Records excerpted from a collection:
◇ ◇ ◇ ◇ ◇

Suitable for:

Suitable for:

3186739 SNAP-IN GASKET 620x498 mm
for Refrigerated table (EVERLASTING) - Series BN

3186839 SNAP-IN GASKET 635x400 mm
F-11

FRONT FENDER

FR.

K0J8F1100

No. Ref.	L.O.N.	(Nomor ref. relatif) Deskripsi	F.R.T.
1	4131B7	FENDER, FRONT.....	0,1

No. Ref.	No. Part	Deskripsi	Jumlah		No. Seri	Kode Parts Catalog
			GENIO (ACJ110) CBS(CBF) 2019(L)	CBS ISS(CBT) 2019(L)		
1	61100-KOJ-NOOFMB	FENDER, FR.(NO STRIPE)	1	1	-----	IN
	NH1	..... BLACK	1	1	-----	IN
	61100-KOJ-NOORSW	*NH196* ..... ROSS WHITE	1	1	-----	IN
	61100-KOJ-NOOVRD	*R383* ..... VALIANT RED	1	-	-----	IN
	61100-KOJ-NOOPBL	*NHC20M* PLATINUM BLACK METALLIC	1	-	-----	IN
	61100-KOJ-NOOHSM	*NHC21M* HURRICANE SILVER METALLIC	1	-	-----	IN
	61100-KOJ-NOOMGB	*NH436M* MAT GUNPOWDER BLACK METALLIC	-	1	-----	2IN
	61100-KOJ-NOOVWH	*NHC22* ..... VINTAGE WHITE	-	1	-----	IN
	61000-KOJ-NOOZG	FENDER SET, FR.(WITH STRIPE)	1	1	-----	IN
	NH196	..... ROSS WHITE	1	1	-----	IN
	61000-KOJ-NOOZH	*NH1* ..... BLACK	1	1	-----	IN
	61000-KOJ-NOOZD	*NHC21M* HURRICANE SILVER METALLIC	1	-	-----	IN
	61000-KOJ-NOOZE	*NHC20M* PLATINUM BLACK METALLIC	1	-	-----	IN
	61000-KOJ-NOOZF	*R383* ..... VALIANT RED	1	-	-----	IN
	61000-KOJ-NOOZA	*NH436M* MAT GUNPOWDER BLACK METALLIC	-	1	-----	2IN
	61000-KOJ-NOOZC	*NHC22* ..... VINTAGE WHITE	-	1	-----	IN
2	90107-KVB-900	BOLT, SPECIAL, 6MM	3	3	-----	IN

◇ ◇ ◇ ◇ ◇

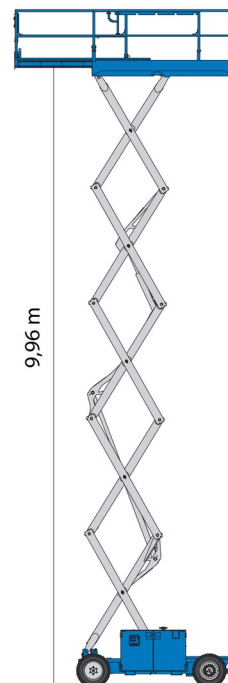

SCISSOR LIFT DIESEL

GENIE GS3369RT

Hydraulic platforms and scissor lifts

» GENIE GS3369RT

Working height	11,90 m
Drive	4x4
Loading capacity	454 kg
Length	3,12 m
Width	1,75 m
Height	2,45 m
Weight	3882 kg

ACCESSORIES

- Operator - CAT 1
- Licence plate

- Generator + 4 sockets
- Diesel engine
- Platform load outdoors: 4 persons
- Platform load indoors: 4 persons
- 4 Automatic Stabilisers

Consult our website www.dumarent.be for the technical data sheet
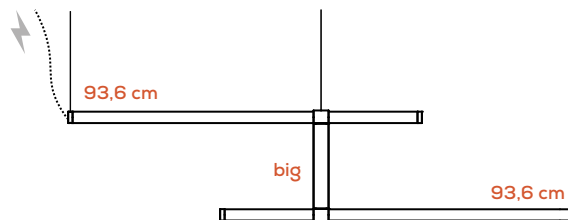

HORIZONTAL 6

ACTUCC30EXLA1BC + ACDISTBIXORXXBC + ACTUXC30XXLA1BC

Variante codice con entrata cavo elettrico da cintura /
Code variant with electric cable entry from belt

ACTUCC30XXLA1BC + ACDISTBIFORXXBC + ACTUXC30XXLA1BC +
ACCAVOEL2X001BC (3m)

◇ ◇ ◇ ◇ ◇

## Directions for this task
Pictures in the entries do not go into the copy. Print only the lines starting at the one containing "SCISSOR LIFT DIESEL" and ending at the one containing "ACCAVOEL2X001BC (3m)", exactly as they appear.

## Problem solution
SCISSOR LIFT DIESEL

GENIE GS3369RT

Hydraulic platforms and scissor lifts

» GENIE GS3369RT

Working height	11,90 m
Drive	4x4
Loading capacity	454 kg
Length	3,12 m
Width	1,75 m
Height	2,45 m
Weight	3882 kg

ACCESSORIES

- Operator - CAT 1
- Licence plate

- Generator + 4 sockets
- Diesel engine
- Platform load outdoors: 4 persons
- Platform load indoors: 4 persons
- 4 Automatic Stabilisers

Consult our website www.dumarent.be for the technical data sheet

HORIZONTAL 6

ACTUCC30EXLA1BC + ACDISTBIXORXXBC + ACTUXC30XXLA1BC

Variante codice con entrata cavo elettrico da cintura /
Code variant with electric cable entry from belt

ACTUCC30XXLA1BC + ACDISTBIFORXXBC + ACTUXC30XXLA1BC +
ACCAVOEL2X001BC (3m)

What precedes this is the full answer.